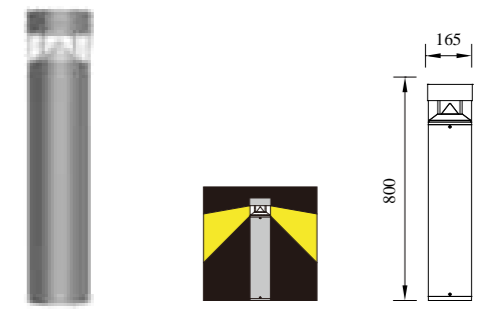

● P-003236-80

◇ ◇ ◇ ◇

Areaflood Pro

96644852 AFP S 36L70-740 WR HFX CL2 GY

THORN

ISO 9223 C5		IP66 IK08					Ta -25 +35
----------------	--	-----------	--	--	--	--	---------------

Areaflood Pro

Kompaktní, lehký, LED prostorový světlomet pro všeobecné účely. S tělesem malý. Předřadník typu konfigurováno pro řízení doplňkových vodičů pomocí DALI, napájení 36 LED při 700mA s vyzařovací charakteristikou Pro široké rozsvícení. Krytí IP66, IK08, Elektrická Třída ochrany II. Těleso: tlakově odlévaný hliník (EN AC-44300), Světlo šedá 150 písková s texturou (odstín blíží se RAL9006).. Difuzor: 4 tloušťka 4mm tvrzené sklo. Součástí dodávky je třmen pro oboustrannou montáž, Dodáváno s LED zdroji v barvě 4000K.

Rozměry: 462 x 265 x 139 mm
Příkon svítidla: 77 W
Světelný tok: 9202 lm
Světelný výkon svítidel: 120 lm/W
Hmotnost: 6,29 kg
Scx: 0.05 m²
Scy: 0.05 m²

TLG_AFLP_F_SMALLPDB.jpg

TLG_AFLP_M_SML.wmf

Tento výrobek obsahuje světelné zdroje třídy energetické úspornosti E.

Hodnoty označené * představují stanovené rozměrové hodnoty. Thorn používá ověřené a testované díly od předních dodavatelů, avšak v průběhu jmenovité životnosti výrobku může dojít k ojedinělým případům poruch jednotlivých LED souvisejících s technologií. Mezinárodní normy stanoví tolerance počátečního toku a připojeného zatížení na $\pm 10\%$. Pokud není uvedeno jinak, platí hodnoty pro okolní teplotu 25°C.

◇ ◇ ◇ ◇

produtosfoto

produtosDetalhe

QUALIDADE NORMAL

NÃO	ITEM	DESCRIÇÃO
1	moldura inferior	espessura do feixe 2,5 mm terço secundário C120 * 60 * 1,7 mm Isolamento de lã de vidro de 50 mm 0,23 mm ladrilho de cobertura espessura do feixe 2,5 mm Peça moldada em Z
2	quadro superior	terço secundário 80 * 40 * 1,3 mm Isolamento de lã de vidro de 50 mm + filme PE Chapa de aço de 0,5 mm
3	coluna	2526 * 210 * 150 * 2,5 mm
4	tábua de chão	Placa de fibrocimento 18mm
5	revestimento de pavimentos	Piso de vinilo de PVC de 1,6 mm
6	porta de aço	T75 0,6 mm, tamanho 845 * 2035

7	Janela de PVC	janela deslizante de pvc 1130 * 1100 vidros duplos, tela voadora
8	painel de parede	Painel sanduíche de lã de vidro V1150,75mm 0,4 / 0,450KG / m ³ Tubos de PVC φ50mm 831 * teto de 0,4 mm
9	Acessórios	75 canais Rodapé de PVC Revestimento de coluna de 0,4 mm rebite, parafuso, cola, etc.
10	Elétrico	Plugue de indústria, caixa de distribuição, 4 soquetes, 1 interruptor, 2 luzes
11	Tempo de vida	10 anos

◇ ◇ ◇ ◇

Lines to set down from above: the line with "TLG_AFLP_M_SML.wmf", the line with "Hodnoty označené *", and every line between, each exactly as written.

• _Task result_:
TLG_AFLP_M_SML.wmf

Tento výrobek obsahuje světelné zdroje třídy energetické úspornosti E.

Hodnoty označené * představují stanovené rozměrové hodnoty. Thorn používá ověřené a testované díly od předních dodavatelů, avšak v průběhu jmenovité životnosti výrobku může dojít k ojedinělým případům poruch jednotlivých LED souvisejících s technologií. Mezinárodní normy stanoví tolerance počátečního toku a připojeného zatížení na $\pm 10\%$. Pokud není uvedeno jinak, platí hodnoty pro okolní teplotu 25°C.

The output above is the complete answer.